Rowan Williams: Tokens of Trust p95
There may be a clue there to what we mean by ‘spiritual communion’ as we celebrate Christ as Risen in this our upper room, hidden from the world, in ways that the world might consider arcane and irrelevant. Luke could just as well have said in his recounting of the story of the healing of the man born blind, Now I know, brothers, that neither you nor your leaders had any idea what we were really doing rather than in what they were really doing when they crucified Christ, though of course it means this too. For what Peter and John are doing is not merely of local interest but demonstrating God’s creative power re-establishing the whole world as Rowan Williams so creatively puts it. Peter then goes on to explain this in terms that re-establish Israel, too, as significant for all:
You are the heirs of the prophets, the heirs of the covenant God made with our ancestors when he told Abraham: in your offspring all the families of the earth will be blessed.

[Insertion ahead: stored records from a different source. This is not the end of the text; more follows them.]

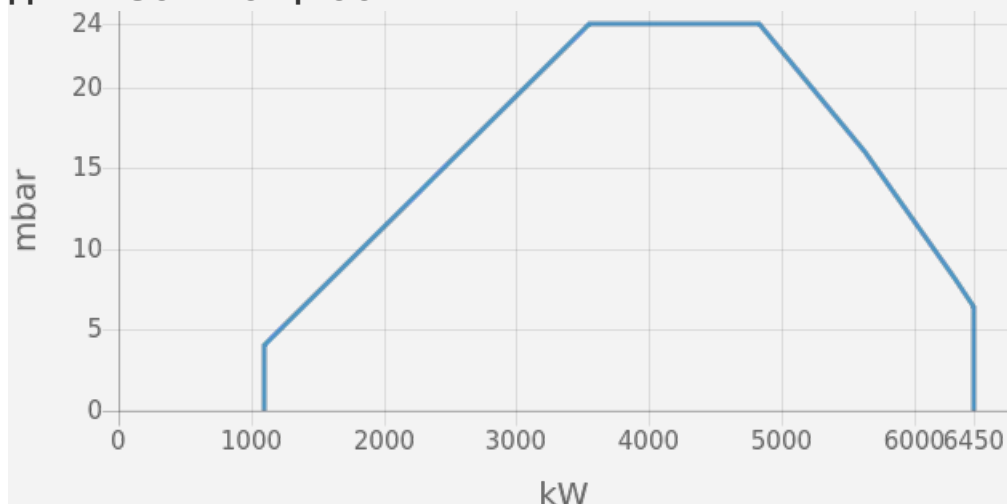

ДИАПАЗОН МОЩНОСТИ

ТЕХНИЧЕСКИЕ ХАРАКТЕРИСТИКИ

Мощность горелки мин (кВт)	1100
Мощность горелки макс (кВт)	6450
Электродвигатель (кВт)	15
Класс защиты	IP41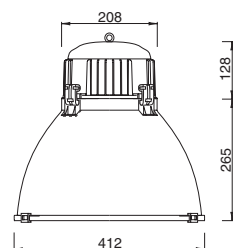

09

IP44

transparente reflektor /
réflecteur transparente /
transparent diffuser in
polycarbonate

Yesterday’s two disciples are brought back to Jerusalem by their meeting with Jesus because it is from there that this conflagration of God’s renewing Spirit will spread out to the whole world, as they must wait there for Jesus, in a sense, to re-commission them and send them out in the power of his Spirit.
So you see how it is written that the Christ must suffer and on the third day rise from the dead, and that in his name, repentance for the forgiveness of sins would be preached to all the nations, beginning from Jerusalem. You are witnesses to this.
So we’d better enjoy this isolation while we can and not get too used to it – spiritual communion will only take us so far. It too cries out for incarnation.